Eggsalad. Now we need to see the same plot on ARM.
Created attachment 439562 [details]
ARM parse time versus pool size.
This set of data is a lot more noisy -- big error bars.
Created attachment 439563 [details]
ARM perf increase versus pool size.
Created attachment 440898 [details] [diff] [review]
Temp pool chunk size increase.
Okay, I'm going with 4K - ARENA_HEADER_SIZE for now, as it demonstrates a parsing speedup and doesn't have a significant effect on sunspider scores on x64 or ARM.
On my Linux x64, I found the following relationship on parsemark (from slow to fast, <~ meaning approximately equal, but strictly less than):
1K-40 <~ 1K < 4K <~ 4K - HEADER_SIZE <~ 16K <~ 16K - HEADER_SIZE
On OS X i386:
16K - HEADER_SIZE < 1K < 1K - HEADER_SIZE < 4K <~ 4K - HEADER_SIZE
That being said, I'm still looking at exactly what size mallocs we're performing as a result of arena chunks being pulled, seeing which VM pages that ends up corresponding to, and checking for thrash with a little bit of printf-based observation.
Comment on attachment 440898 [details] [diff] [review]
Temp pool chunk size increase.
I claim we should take this trivial patch to win now. But also file a follow up to see if we can observe consistent wins when multiplying a constant by pointer size.
Comment on attachment 440898 [details] [diff] [review]
Temp pool chunk size increase.
that sure is an increase.
What'd be really nice is if we could use sysconf's PAGE_SIZE value. Just from a cursory analysis I see that we can reduce 5761 malloc/frees out of the temp pool into ~13 with the doubling approach. Note that we'd get screwed on the larger arenas where chunk utilization is low if the system's vmem doesn't support a mapped-but-not-wired state.

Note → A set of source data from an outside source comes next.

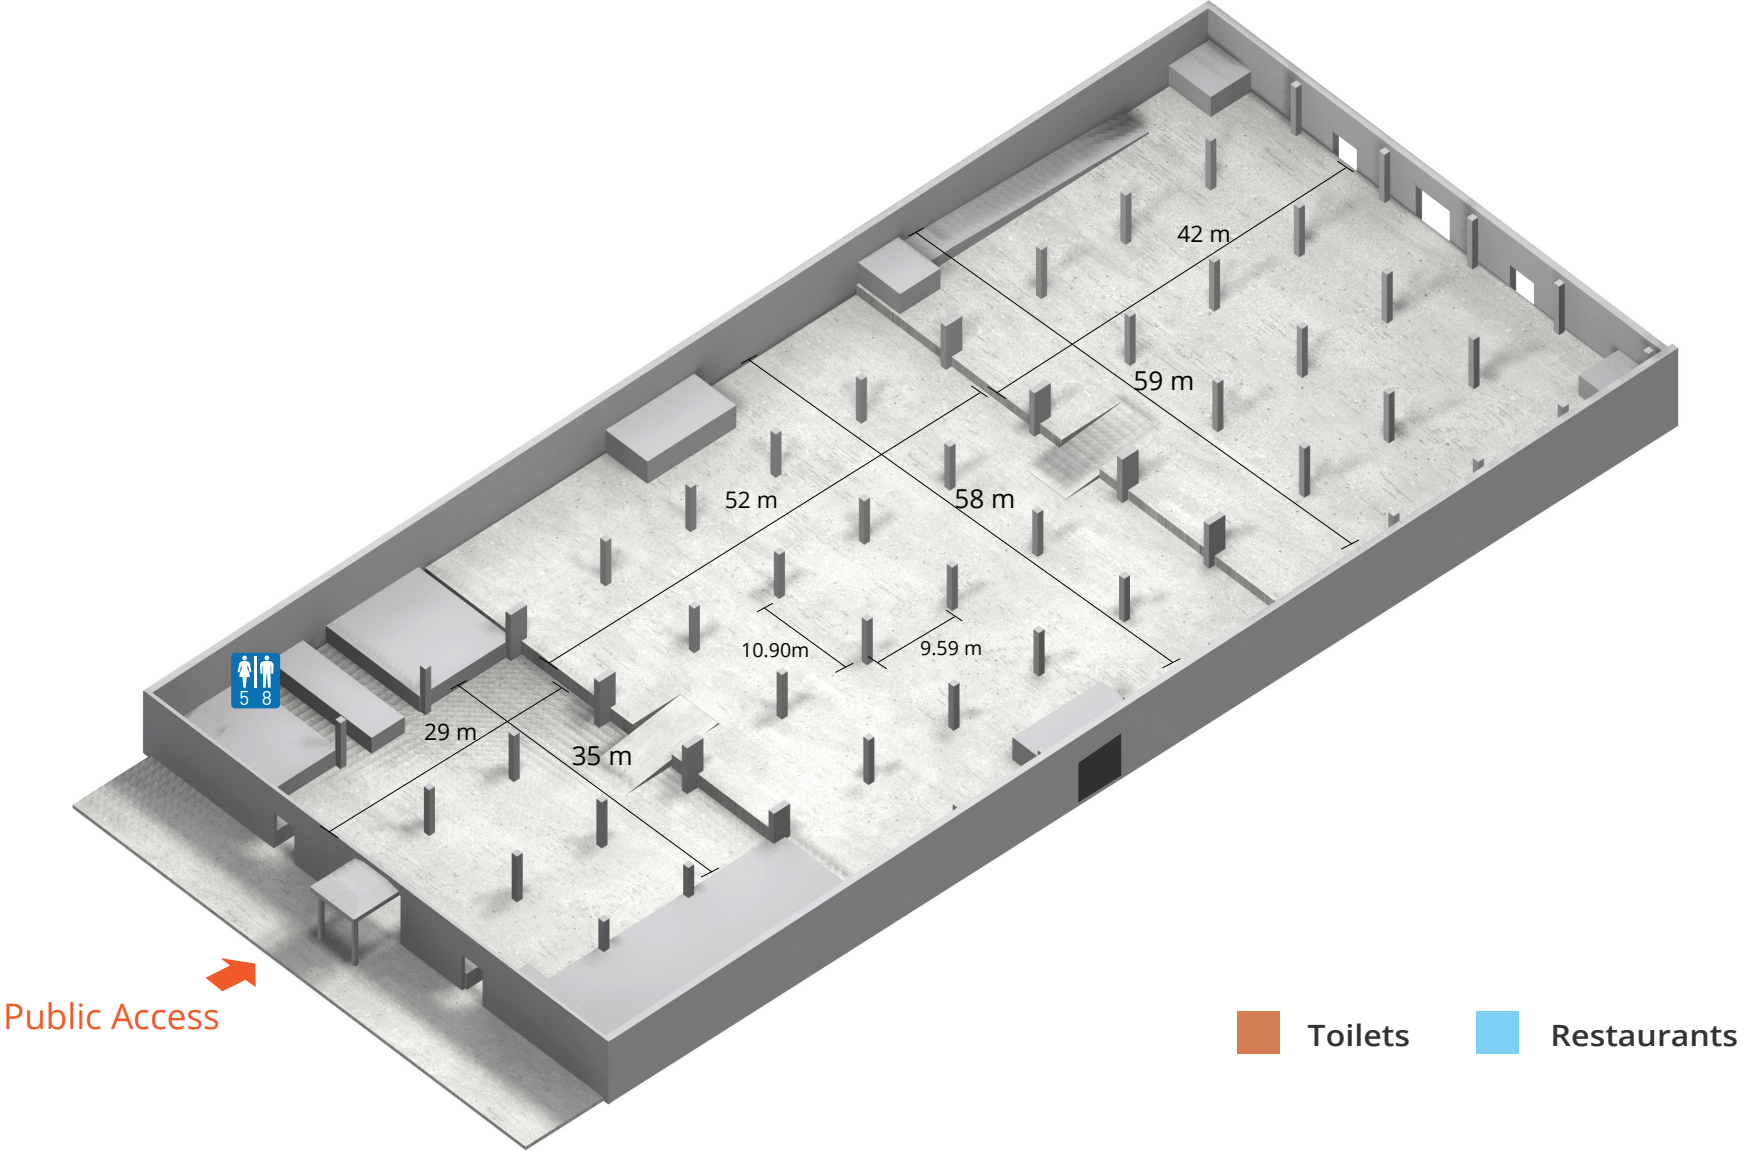

Palau Victòria Eugènia

Palau Victòria Eugènia

MAIN DATA:

- NET FLOOR AREA: 6.330 m²
- EXHIBITION AREA: 5.327 m²
- TOTAL CAPACITY: 2.590 pax

TECHNICAL DETAILS:

- MAXIMUM LOAD CAPACITY: 3.000 kg/m²
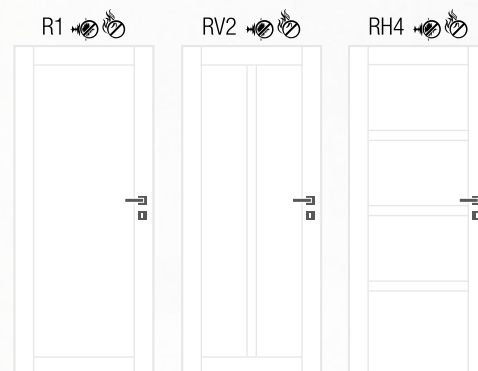

Rozměry

- jednokřídlé 60–90/197,
- dvoukřídlé 125–185/197
- **vysoké dveře v. 210 bez příplatku**
- možno vyrobit v atypickém rozměru

Linie Horizon

Linie Vertik

Linie Frame

Lakované PU

Hladké

Pyrosafe RC2 Primum P,
laminát akácie světlá,
bezpečnostní kování • bezpečnostní zárubeň RC2

imacros.js also shows we thrash the regexp pool a bjillion times. (Not sure how many programs like imacros really exist and require performance, but might as well fix it.)
We also have a few oddball arena frees when the arenas are < 50% utilized, some as low as 1%. Still investigating those.
(In reply to comment #22)
> What'd be really nice is if we could use sysconf's PAGE_SIZE value. Just from a
> cursory analysis I see that we can reduce 5761 malloc/frees out of the temp
> pool into ~13 with the doubling approach.
Can we hang onto the last arena for a while (GC-based time caching, see gcEmptyArenaPoolLifespan).
> imacros.js also shows we thrash the regexp pool a bjillion times. (Not sure how
> many programs like imacros really exist and require performance, but might as
> well fix it.)
Definitely -- on file?
(In reply to comment #23)
> Can we hang onto the last arena for a while (GC-based time caching, see
Yeah, I've been calling this the "second" arena, since the fakey one before it is called "first" and is a member structure of the pool. So long as API clients take marks and release to them instead of calling |pool.free()|, the GC should reap the "second" arena when it reaches a ripe old age.
> > imacros.js also shows we thrash the regexp pool
> on file?
new work to new bugs.